Records excerpted from a collection ▸
__________

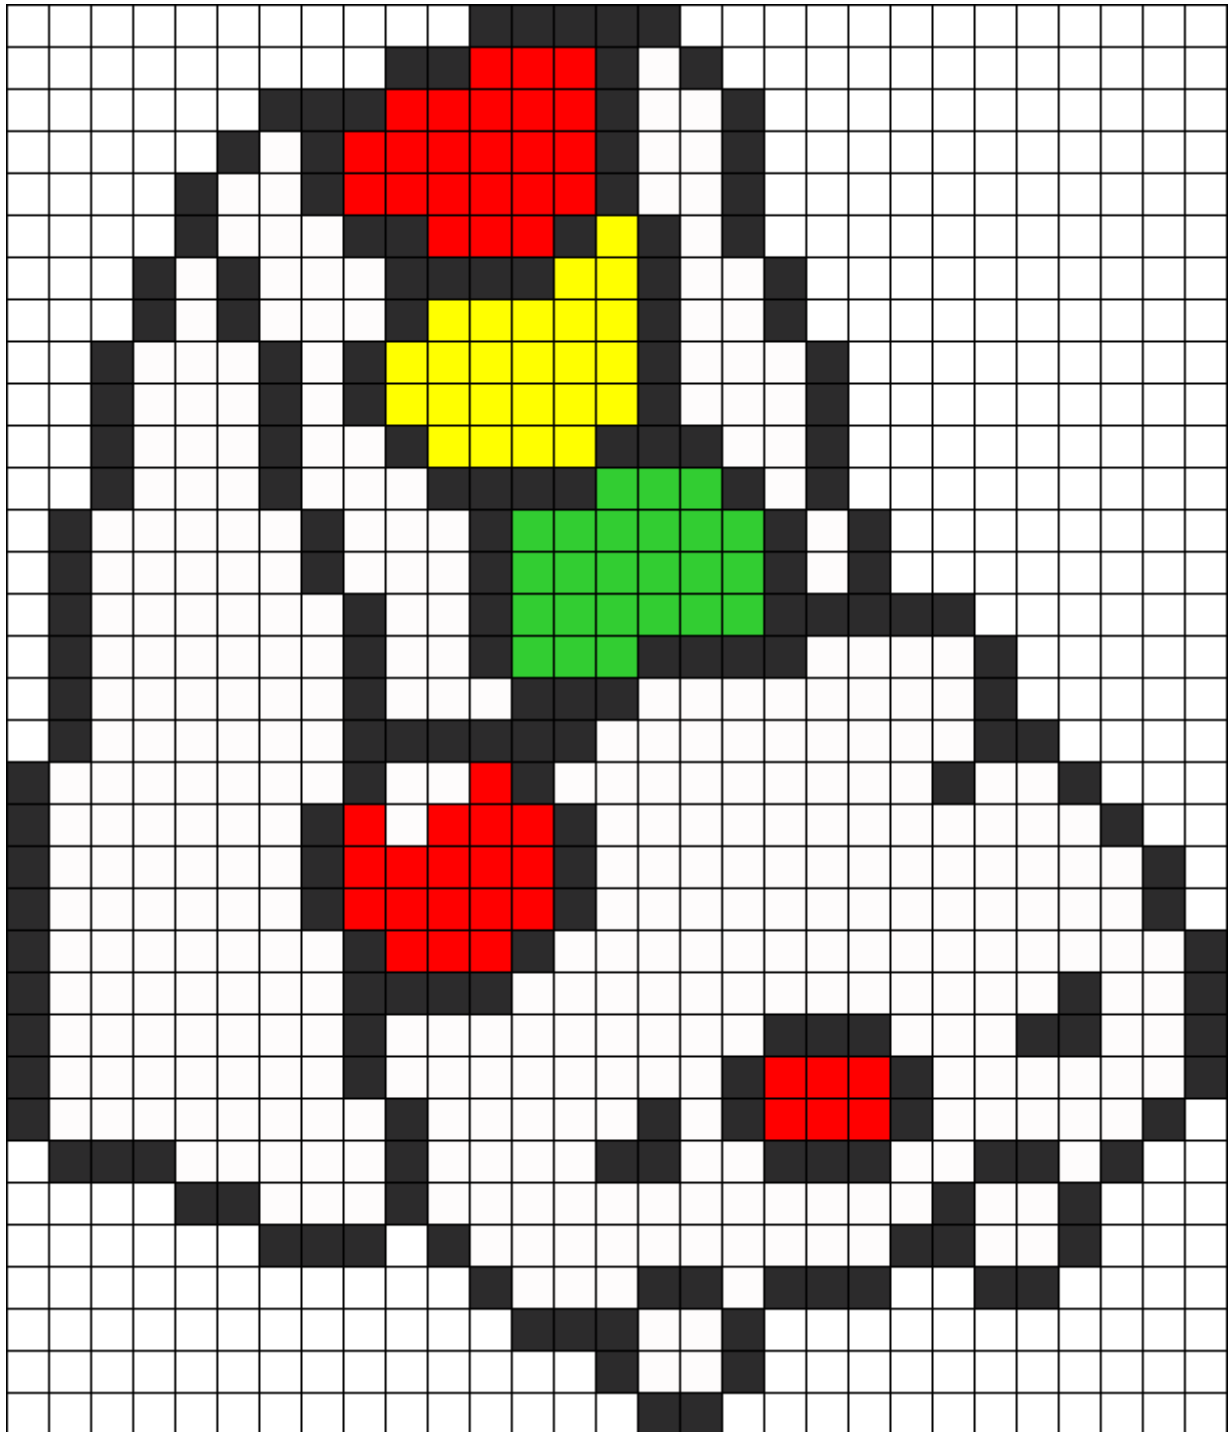

Moogele Cake Kandi Pattern

Created by: lunarrfaerie

29 columns wide x 34 rows tall

357 194 47 24 24
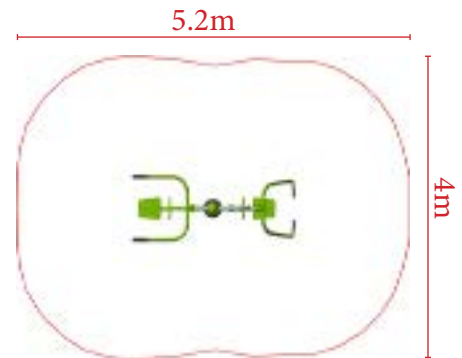

### Safety Spacing

Unit Free Fall Height: 690mm  
 Area Needed: 5183mm x 3942mm

Suitable for users over 1400mm tall.

Certified by  
 TUV to  
 EN 16630

This combi unit provides a great workout for the arm muscles, primarily the triceps and the biceps.

(Surface diagram to scale 1:100 on A4)  
 (User diagram shows unit with a 1.8m tall adult)
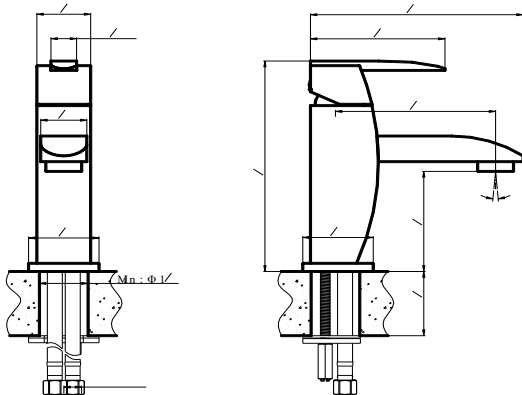

Specifications

- Heavy brass construction for durability and reliability
- Kerox ceramic cartridge ensures life long trouble free service
- Single lever handle operation allows both volume and temperature control
- Max-temperature limit stop for added safety.
- SSi Eco-Care pivot aerator 1.2 gpm (4.6 lpm) at 60 psi
- Extra long flexible connection for easy installation
- Single-hole mounting with a supplied wrench tool
- 1-1/2" faucet hole size for drilling recommended
- Includes waste pop-up drain

Finish

- CP (Polished Chrome)
- PVD-BN (PVD Brushed Nickel)

Codes and Standards

- ANSI/ASME A112.18.1
- CSA B125.1
- NSF61-9
- ADA
- IAPMO / cUPC Listed
- EPA Watersense Listed
- AB1953 California Lead Plumbing Law Certified

Warranty

- Limited Lifetime Faucet Warranty against material and manufacturing defects for residential use.
- 2 Year Limited Warranty on all industrial, commercial and business applications.

fluid Penguin Series Single Lever Lavatory Faucet Model: F20001 Model: F20002

Model: F20001
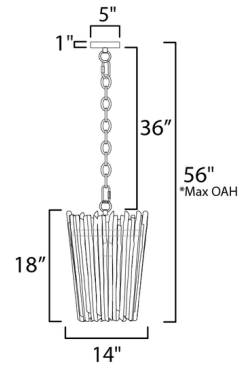

Lightology

lightology.com
866-954-4489
04-27-26

Project: _____

Company: _____

Location: _____ Fixture Type: _____

SPEC #: **MAX1354106**

Approved On: _____ Approved By: _____

Baywood Pendant By Maxim Lighting

Description

Thin branches of eucalyptus are linked together into a tapered bouquet shade in the Baywood Pendant. Individually shaped by hand, the impeccable craftsmanship includes a hand-applied Weathered White finish on the wood that complements the multi-tonal Dark Bronze finish on the metal. Dimmable via Triac or electronic low voltage (ELV) dimming.

Shown in textured bronze / weathered wood

*max overall height

Specifications

COLOR	Weathered Wood
BODY FINISH	Textured Bronze
WATTAGE	9W
DIMMER	Standard 120V
DIMENSIONS	14"W x 18"H
BULB NOT INCLUDED	1 x A19/Medium (E26)/9W/120V LED

__________

What the exercise asks ▸ Your task is to copy each line of the data above that holds "Baywood".

Output of the exercise ▸
Baywood Pendant By Maxim Lighting
Thin branches of eucalyptus are linked together into a tapered bouquet shade in the Baywood Pendant. Individually shaped by hand, the impeccable craftsmanship includes a hand-applied Weathered White finish on the wood that complements the multi-tonal Dark Bronze finish on the metal. Dimmable via Triac or electronic low voltage (ELV) dimming.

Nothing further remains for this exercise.